In 1945 the war was over, the regulations were lifted, the military vacated the Lecture Hall and, it having being redecorated, the Sabbath Services were held there for a time while the Church itself was being spring-cleaned and electric heating installed. Commenting on the services in the Lecture Hall Mr. Elliott referred to the greater degree of friendliness apparent among the members of the congregation consequent upon the informal nature of the meetings in the Hall.

In his statement at the Annual Meeting he spoke of the cessation of hostilities as providing a great opportunity to mankind to build a more Christian civilisation. He appealed for a fuller use of the Church.
Human nature (he said) needs to be developed and changed by the receiving of those resources of God which we see in Jesus of Nazareth.

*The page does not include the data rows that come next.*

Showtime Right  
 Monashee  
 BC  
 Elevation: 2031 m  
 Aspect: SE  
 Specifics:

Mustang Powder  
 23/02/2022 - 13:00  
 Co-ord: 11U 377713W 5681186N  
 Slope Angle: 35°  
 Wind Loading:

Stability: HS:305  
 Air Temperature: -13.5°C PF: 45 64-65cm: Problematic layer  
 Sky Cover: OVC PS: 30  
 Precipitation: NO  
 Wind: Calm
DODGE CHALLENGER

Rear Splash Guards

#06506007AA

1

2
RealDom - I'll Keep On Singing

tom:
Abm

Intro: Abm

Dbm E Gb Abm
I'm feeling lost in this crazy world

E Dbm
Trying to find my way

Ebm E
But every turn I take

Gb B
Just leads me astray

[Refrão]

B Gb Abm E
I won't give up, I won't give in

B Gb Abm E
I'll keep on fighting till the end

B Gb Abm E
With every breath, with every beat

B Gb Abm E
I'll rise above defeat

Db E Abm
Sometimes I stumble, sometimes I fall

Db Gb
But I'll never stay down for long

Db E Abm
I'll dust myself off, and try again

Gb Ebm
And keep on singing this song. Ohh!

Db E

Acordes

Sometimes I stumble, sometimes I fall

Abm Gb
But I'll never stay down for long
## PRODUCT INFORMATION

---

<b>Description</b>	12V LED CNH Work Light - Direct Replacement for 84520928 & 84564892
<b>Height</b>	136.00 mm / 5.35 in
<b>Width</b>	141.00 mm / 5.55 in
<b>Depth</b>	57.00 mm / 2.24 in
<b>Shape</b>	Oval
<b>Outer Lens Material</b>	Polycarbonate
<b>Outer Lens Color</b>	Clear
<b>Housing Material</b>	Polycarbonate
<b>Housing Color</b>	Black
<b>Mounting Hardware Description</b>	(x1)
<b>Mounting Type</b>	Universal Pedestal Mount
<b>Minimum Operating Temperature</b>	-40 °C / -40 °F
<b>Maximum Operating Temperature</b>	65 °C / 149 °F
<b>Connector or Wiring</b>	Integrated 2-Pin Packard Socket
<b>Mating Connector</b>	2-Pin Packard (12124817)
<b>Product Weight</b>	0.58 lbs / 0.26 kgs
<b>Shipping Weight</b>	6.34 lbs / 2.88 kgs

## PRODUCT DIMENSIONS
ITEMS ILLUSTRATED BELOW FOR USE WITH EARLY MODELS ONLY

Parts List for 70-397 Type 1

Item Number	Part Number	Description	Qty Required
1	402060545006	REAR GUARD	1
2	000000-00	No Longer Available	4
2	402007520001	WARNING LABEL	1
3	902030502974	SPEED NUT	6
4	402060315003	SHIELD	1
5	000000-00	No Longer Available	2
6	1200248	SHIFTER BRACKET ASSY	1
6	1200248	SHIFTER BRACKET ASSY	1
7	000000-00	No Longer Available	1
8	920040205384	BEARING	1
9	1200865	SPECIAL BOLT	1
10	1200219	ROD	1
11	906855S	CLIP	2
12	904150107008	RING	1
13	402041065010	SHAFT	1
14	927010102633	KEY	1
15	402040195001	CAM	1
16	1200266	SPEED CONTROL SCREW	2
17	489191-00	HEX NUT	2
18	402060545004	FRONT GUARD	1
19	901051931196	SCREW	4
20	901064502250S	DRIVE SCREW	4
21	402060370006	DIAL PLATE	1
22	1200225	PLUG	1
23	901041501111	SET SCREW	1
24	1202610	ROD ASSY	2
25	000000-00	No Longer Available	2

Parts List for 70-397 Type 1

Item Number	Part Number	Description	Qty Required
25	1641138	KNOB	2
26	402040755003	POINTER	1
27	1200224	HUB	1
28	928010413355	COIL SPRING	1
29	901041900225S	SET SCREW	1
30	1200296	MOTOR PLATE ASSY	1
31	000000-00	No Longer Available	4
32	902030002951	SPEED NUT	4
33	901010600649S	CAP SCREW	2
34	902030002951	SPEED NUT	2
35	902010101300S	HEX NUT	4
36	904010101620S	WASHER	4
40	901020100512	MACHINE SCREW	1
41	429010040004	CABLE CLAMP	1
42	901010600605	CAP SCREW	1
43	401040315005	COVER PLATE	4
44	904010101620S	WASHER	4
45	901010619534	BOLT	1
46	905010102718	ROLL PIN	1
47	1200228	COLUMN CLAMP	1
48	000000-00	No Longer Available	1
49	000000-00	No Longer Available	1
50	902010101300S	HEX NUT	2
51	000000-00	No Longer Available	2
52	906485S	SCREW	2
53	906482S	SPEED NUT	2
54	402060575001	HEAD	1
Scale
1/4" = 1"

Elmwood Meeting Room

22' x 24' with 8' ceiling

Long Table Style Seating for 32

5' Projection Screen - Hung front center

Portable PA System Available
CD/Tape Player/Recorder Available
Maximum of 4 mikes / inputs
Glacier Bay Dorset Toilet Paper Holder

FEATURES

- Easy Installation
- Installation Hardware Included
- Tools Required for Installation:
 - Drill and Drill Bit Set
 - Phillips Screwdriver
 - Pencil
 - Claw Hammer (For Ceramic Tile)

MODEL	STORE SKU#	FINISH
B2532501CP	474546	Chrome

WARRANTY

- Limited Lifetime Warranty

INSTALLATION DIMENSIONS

In May 1946 Mr. Edward Lockhart was appointed sexton in place of Robert McCausland who had served faithfully for 19 years.

Then the congregation suffered another great loss in the death of Mr. James Boyd M.A., LB., who had been Clerk of Session since 1923. “He rendered faithful service and set a high standard of church membership. He had his own clear and definite opinions, but he was ever ready to help, according to his ability, in any work which was for the good of the church and for the advancement of God’s Kingdom on earth. He was undoubtedly an intellectual and cultural force in the congregation and in the community. Above all he showed by his own manner of life what an active faith means.” (Minutes of Session 31/7/46) The life, influence and service of James Boyd will long remain a source of inspiration to members of our congregation. As Clerk of Session he carried out the duties of that office with vision, and thoroughness and with a graciousness which endeared him to all who knew him.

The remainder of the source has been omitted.